Task data
»»

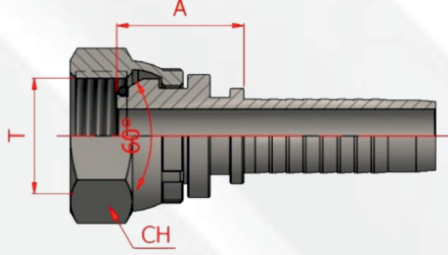

BSP 60° (DIŞA KONİK) DÜZ HORTUM BAŞLIKLARI

Stok Kodu	Hortum	Ölçü (T)	CH	A
HE/140-01	3/16"	1/8" - 28	14	17
HE/140-02	3/16"	1/4" - 19	19	17
HE/140-03	1/4"	1/8" - 28	14	17,5
HE/140-04	1/4"	1/4" - 19	19	17,5
HE/140-05	1/4"	3/8" - 19	22	20,5
HE/140-06	1/4"	1/2" - 14	27	22,5
HE-/140-07	5/16"	1/4" - 19	19	17,5
HE-/140-08	5/16"	3/8" - 19	22	20,5
HE/140-09	5/16"	1/2" - 14	27	20,5
HE/140-10	3/8"	1/4" - 19	19	17,8
HE-/140-11	3/8"	3/8" - 19	22	20,8
HE/140-12	3/8"	1/2" - 14	27	22,8
HE/140-14	1/2"	1/2" - 14	27	23,3
HE/140-15	1/2"	5/8" - 14	27	23,3
HE/140-16	1/2"	3/4" - 14	32	24,8
HE/140-17	5/8"	1/2" - 14	27	23,5
HE/140-18	5/8"	5/8" - 14	27	23,5
HE/140-19	5/8"	3/4" - 14	32	25
HE/140-21	3/4"	3/4" - 14	32	25
HE/140-22	3/4"	1" - 11	41	25,5
HE/140-23	1"	1" - 11	41	26,8
HE/140-24	1"	1" 1/4 - 11	50	30,3
HE/140-25	1" 1/4	1" 1/4 - 11	50	29
HE/140-26	1" 1/4	1" 1/2 - 11	55	34,5
HE/140-27	1" 1/2	1" 1/2 - 11	55	35,3
HE/140-28	1" 1/2	2" - 11	70	36,3
HE/140-29	2"	2" - 11	70	36,3
HE/140-30	2" 1/2	2" 1/2 - 11	82	65
HE/140-31	3"	3" - 11	100	54
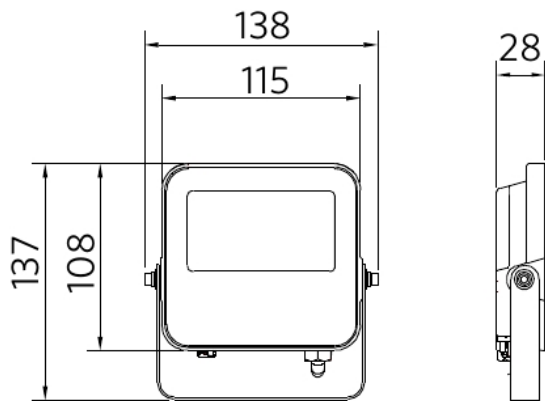

Mittapiirustus (mm)

LEDflood-E3 Re115
20W
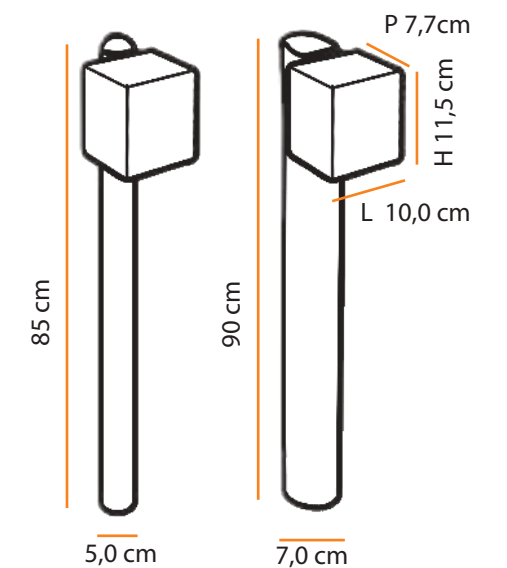

Dimensões / Dimensions:
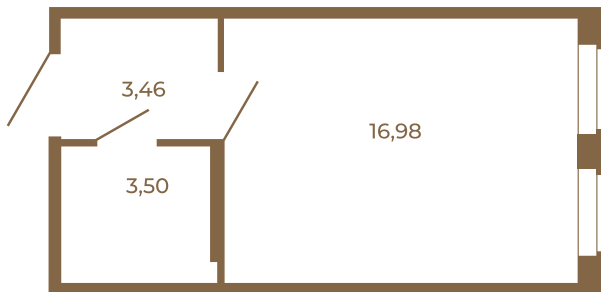

Таймс

Классическая студия 24 кв. м.

План квартиры с мебелью

23,94	
23,94	

План квартиры без мебели

23,94	
23,94	

Расположение квартиры на этаже

Адрес дома:

Россия, Ленинградская область, Всеволожский район, Сертолово, микрорайон Чёрная Речка

Площадь, кв.м. **23.94**

Жилая, кв.м. **16.7**

Корпус **12**

Этаж **4**

Стоимость:

0 руб.

(812) 335-0-214
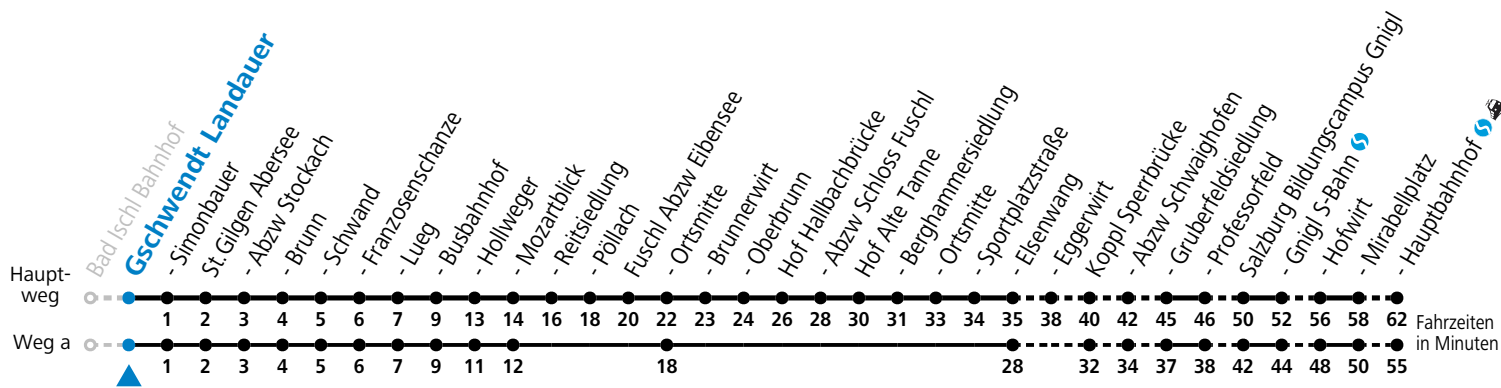

gültig ab 11.12.2022.

Alle Angaben ohne Gewähr.

Montag - Freitag			Samstag			Sonn- und Feiertag		
5	18	47	5	18		6	45	
6	05_a	21_a^S	6	02	45	6	45	
7	10	50	7	20		7	50	
8	20	50	8	20		8	50	
9	20	50	9	20	50	9	20	50
10	20	50	10	20	50	10	20	50
11	20	50	11	20	50	11	20	50
12	20	50	12	20	50	12	20	50
13	20	50	13	20	50	13	20	50
14	20	50	14	20	50	14	20	50
15	20	50	15	20	50	15	20	50
16	20	50	16	20	50	16	20	50
17	20	50	17	20	50	17	20	50
18	16	46	18	16	46	18	16	46
19	16	46	19	16	46	19	16	46
20	15	45	20	15	45	20	15	45
21	45		21	15	45	21	15	45
			22	45				

F = nur Montag bis Freitag, wenn schulfreier Werktag in Salzburg
S = nur Montag bis Freitag, wenn Schultag in Salzburg
a = fährt Weg a

b = bis St. Gilgen Abersee
c = nur Montag bis Freitag, wenn Schultag in Oberösterreich

Am 24.12. und 31.12. (sofern nicht Sonntag) gilt der Samstag-Fahrplan

Ferien im Bundesland Salzburg: 24.12.2022 bis 06.01.2023, 13. bis 19.02., 01. bis 10.04., 08.07. bis 10.09., 24.09. und 26.10. bis 02.11.2023 (Vorbehaltlich Änderungen durch die Schulbehörde)

Ferien im Bundesland Oberösterreich: 24.12.2022 bis 06.01.2023, 20. bis 24.02., 01. bis 10.04., 04.05., 08.07. bis 10.09. und 26.10. bis 02.11.2023 (Vorbehaltlich Änderungen durch die Schulbehörde)

Auf Grund der Linienlänge können nicht alle bedienten Zwischenhalte im Linienverlauf dargestellt werden. Alle Details siehe Linienfahrplan unter www.salzburg-verkehr.at

««

Task
Which lines of the records above contain the word "Oberösterreich"? Report each one.

Task result
c = nur Montag bis Freitag, wenn Schultag in Oberösterreich
Ferien im Bundesland Oberösterreich: 24.12.2022 bis 06.01.2023, 20. bis 24.02., 01. bis 10.04., 04.05., 08.07. bis 10.09. und 26.10. bis 02.11.2023 (Vorbehaltlich Änderungen durch die Schulbehörde)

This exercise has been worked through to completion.